Definition 3: NoC Architecture Graph (NAG), A = A(R, H) is a topology graph in which node of the graph,  $(R = R_1, R_2, R_3, ..., R_n)$  shows a network router and the directed arc,  $(h_{i,j} \in H)$  represents the routing channel between the routers. The router transmits and receives the data packets of the associated IP core. The routing channel  $(h_{i,j})$  provides the physical path for the transmission of packets from source to destination PEs.

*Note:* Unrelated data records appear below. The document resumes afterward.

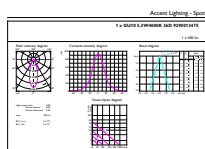

Données photométriques

MASTER LEDspot ExpertColor MV 50W GU10 940 36D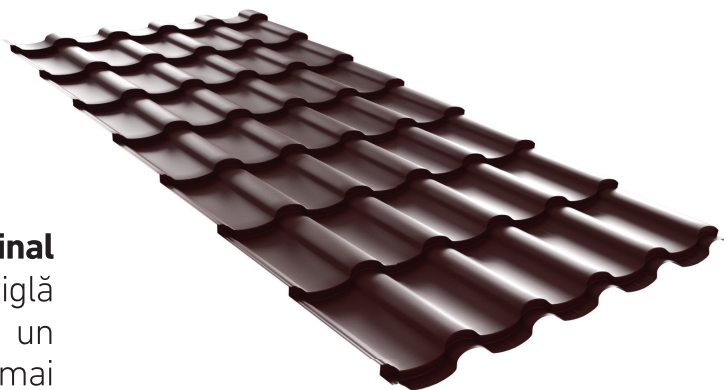

FIȘĂ TEHNICĂ

Țiglă metalică

Wetterbest® Cardinal

Noul profil de țiglă metalică Wetterbest® Cardinal

Wetterbest® Cardinal este cel mai nou profil de țiglă metalică din portofoliul Wetterbest®. Prevăzut cu un canal de capilaritate pronunțat pentru o etanșare mai bună, noul profil Cardinal se remarcă prin linii ample ce amintesc de forma țiglelor ceramice, având muchii pronunțate ce îl diferențiază de restul profilelor de țiglă existente.

Profilul de țiglă Cardinal este soluția Wetterbest® pentru acoperișuri, de la simplu la complex, cu versanți abrupti sau cu pante mai line. Acesta vine să confere acoperișului dumneavoastră o notă unică și elegantă și să completeze aspectul locuinței.

The routing channel is associated with data bandwidth requirements,  $B_{ti,tj}$ .

The mathematical models used in BEMAP algorithm are presented as follows:

According to the Bit Energy Model [9] the total energy consumption  $(E_T)$  of the NoC architecture is given by:

$$E_T = \sum_{i,j}^n [B_{ti,tj} \times (N_h \times E_S + (N_h - 1) \times E_L)], \quad (1)$$

the parameter,  $B_{ii,tj}$  is the arc bandwidth from tile  $t_i$  to tile  $t_j$ ,  $E_S$  is the Switch and  $E_L$  is the Link Energy.  $N_h$  is the Manhattan distance of the NoC architecture, whereas *n* represents the number of nodes in the architecture for the target application. The Manhattan distance from the source  $(x_i, y_i)$  to the destination node  $(x_j, y_j)$  of the NoC architecture is given by:

$$N_h = |x_i - x_j| + |y_i - y_j|$$
(2)

The communication cost is computed, using the following equation, which is also the performance indicator for application mapping.

$$Cost = \sum_{i,j}^{n} [B_{ti,tj} \times N_h]$$
(3)

For optimized solution the objective functions; Min  $\{E_T\}$  or Min  $\{Cost\}$  or both must be satisfied.

For computing average latency, throughput, power and energy consumption of the network, the CMOS (Complementary Metal Oxide Semiconductor) Standard Cell Library Model is used for BEMAP algorithm. The CMOS Cell Library Model utilizes the standard CMOS cell library data for computation of the power estimation and performance parameters of the NoC system. In the NoCTweak simulator, RTL designs in Verilog of all the router components were synthesized with Synopsys Design Compiler. The RTL designs were placed and routed with Cadence SoC Encounter, using the CMOS standard cell library. Post-layout data of these components was fed to the simulator for the NoC performance estimation based on the activities of components while running a certain traffic pattern [22].The average latency of the network under this model is given by:

$$Lt_{av} = \frac{1}{N} \sum_{i=1}^{N} \frac{1}{N_i} \sum_{j=1}^{N} Lt_{ij},$$
(4)

where,  $Lt_{ij}$  is the packet latency of packet *j*,  $N_i$  is the number of packets received by processor, *i* after the warm-up time and N is the number of processors in the platform. The average throughput of the network is given by:

$$Th_{av} = \frac{1}{N(T_{sim} - T_{wrm})} \sum_{i=1}^{N} N_i,$$
(5)

where,  $T_{sim}$  is the simulation time and  $T_{wrm}$  is the warm-up time of the simulations. The average Power of the network is calculated by:

$$Pw_{av} = \frac{1}{N} \sum_{i=1}^{N} \sum_{j=1}^{N} [\alpha_{i,j} Pw_{act,j} + (1 - \alpha_{i,j}) Pw_{inact,j}], \quad (6)$$

VOLUME 6, 2018

the parameter,  $Pw_{(act,j)}$  is the post-layout active power and  $Pw_{(inact,j)}$  is the post-layout inactive power of component, *j*. The component,  $\alpha_{(i,j)}$  is active percentage of the component, *j* in the router, *i* (after  $T_{wrm}$ ). Finally the average energy consumed by each packet in the network is given by:

$$En_{p} = \frac{(T_{sim} - T_{wrm})}{(NN_{P})} \sum_{i=1}^{N} \sum_{j=1}^{N} [\alpha_{i,j} P w_{act,j} + (1 - \alpha_{i,j}) P w_{inact,j}], \quad (7)$$

where,  $N_P$  is the total number of packets, traversed across the network of the NoC architecture.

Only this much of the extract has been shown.